Look through the entries below, please, and copy every line with the word "Falcon".

- Opening Delimiter -

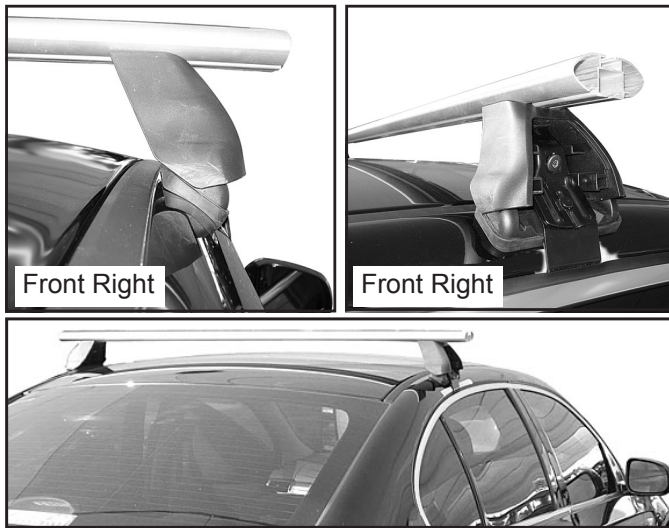

DK133 Rhino-Rack VA, Aero, Euro & HD crossbar instruction

Measurement A: CENTRE of door jamb to CENTRE arrow of leg foot plate.

Measurement B: CENTRE of Front leg foot plate arrow to CENTRE of Rear leg foot plate arrow.

Carrying capacity: Roof rack is rated to 75kg. Please refer to manufacturers handbook for your vehicles maximum roof load capacity. Always use the lower of the two figures.

VEHICLE	Date	Measurement A	Measurement B	Load Rating (includes racks 5kg/11lbs)
Ford Falcon / FPV FG 4dr sedan	2008-	220mm / 8,21/32"	750mm / 29,17/32"	75kg / 165lbs
Ford Falcon / FPV FG 4dr sedan (front bar only)	2008-	220mm / 8,21/32"	N/A	38kg / 84lbs
Ford Falcon / FPV FG utility (front bar only)	2008-	150mm / 5,29/32"	N/A	38kg / 84lbs
Volvo V70 5dr wagon	00-07	60mm / 2,23/64"	750mm / 29,17/32"	60kg / 132lbs
Nissan Maxima 4dr Sedan	2016-	280mm / 11"	700mm / 27 9/16"	75kg / 165lbs

- Closing Delimiter -

## Finished task:
Ford Falcon / FPV FG 4dr sedan	2008-	220mm / 8,21/32"	750mm / 29,17/32"	75kg / 165lbs
Ford Falcon / FPV FG 4dr sedan (front bar only)	2008-	220mm / 8,21/32"	N/A	38kg / 84lbs
Ford Falcon / FPV FG utility (front bar only)	2008-	150mm / 5,29/32"	N/A	38kg / 84lbs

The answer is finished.